▶ [REQUIREMENT] Nothing but the line holding "103 378 850" and the lines after it, through the end of the records, should be set down, each exactly as it is.

▶ [EXERCISE MATERIALS]
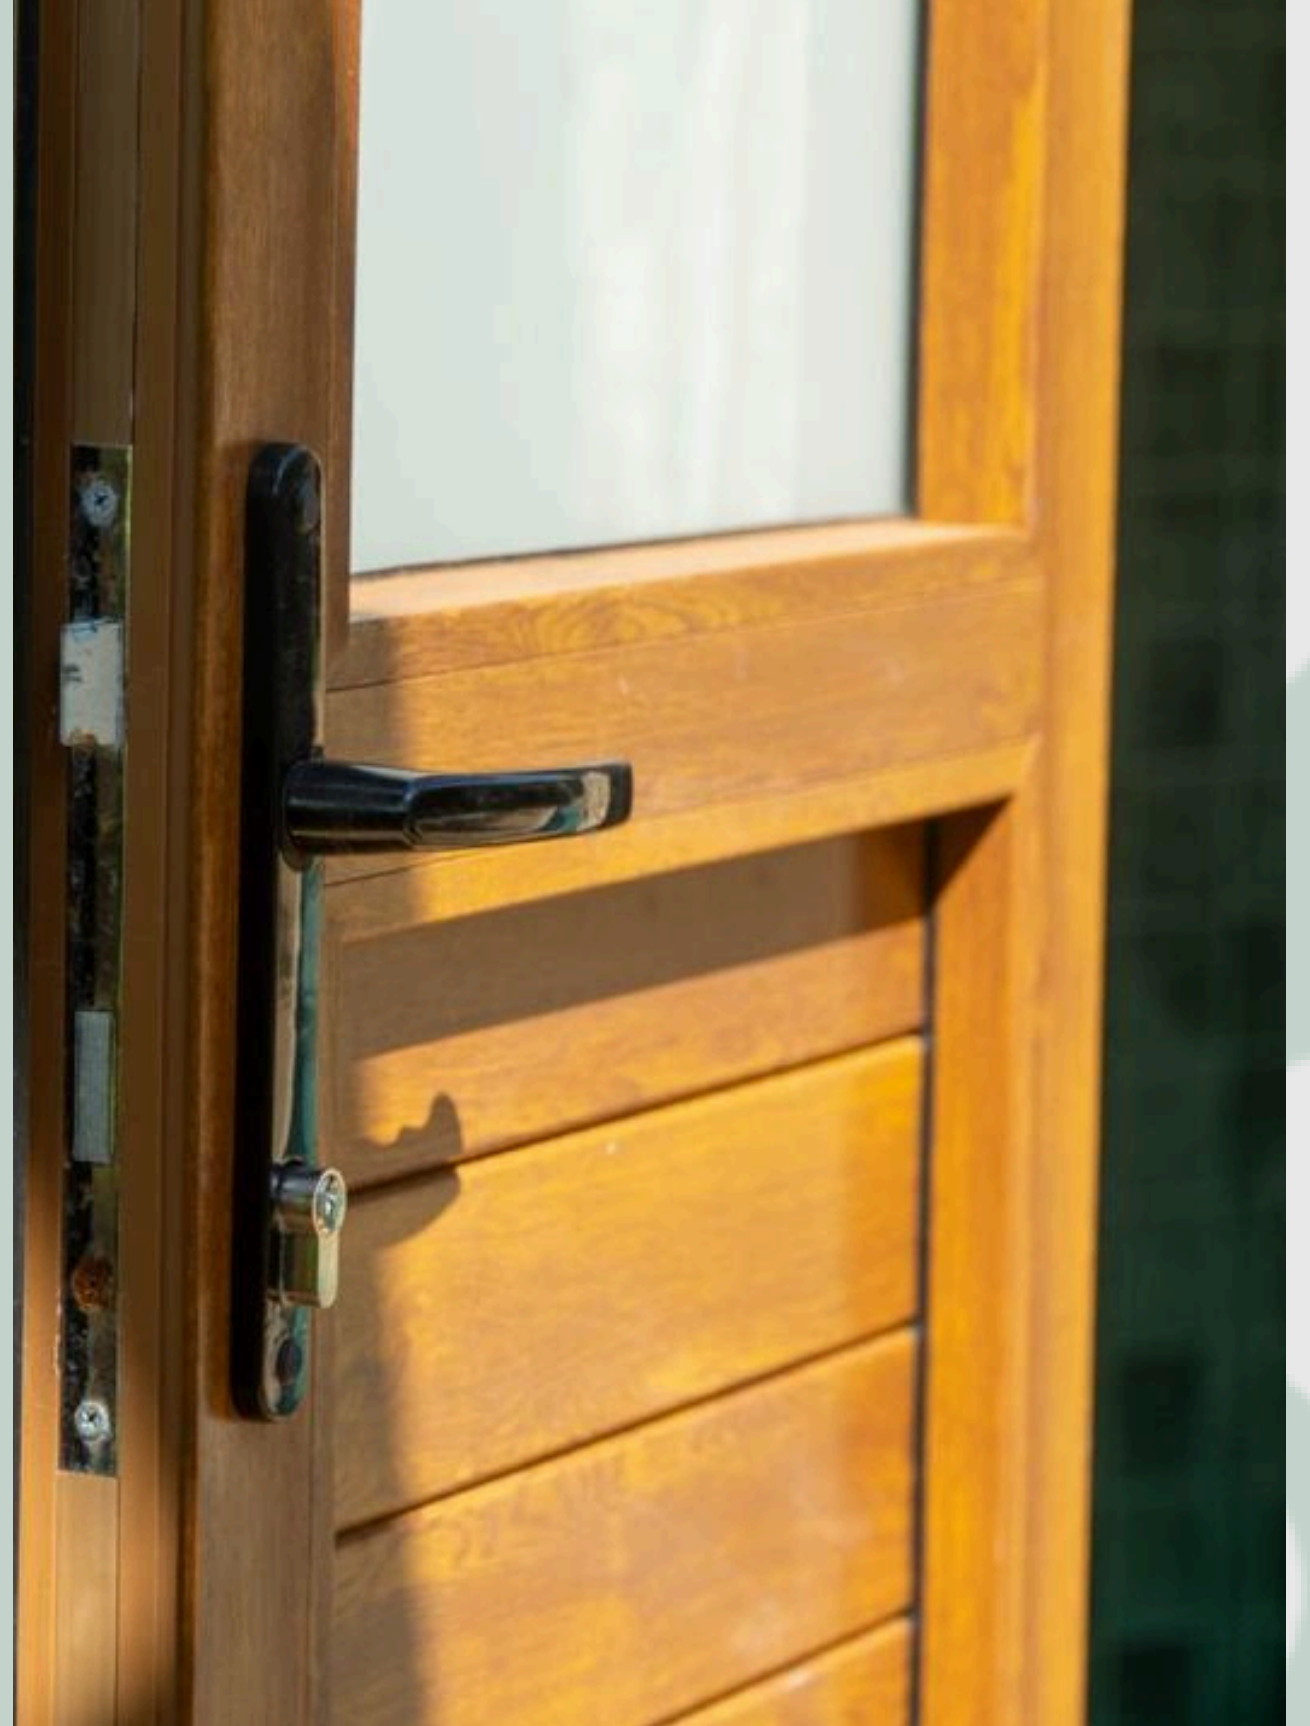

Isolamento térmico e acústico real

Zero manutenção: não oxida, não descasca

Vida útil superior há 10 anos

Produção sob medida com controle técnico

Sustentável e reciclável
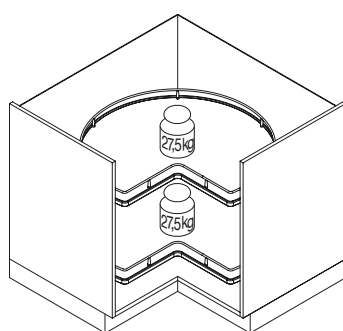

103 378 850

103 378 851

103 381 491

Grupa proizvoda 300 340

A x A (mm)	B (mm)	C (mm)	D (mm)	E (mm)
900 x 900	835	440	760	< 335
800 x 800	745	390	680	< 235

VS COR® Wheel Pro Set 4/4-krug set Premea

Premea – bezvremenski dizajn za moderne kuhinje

▶ [THE ANSWER]
103 378 850

103 378 851

103 381 491

Grupa proizvoda 300 340

A x A (mm)	B (mm)	C (mm)	D (mm)	E (mm)
900 x 900	835	440	760	< 335
800 x 800	745	390	680	< 235

VS COR® Wheel Pro Set 4/4-krug set Premea

Premea – bezvremenski dizajn za moderne kuhinje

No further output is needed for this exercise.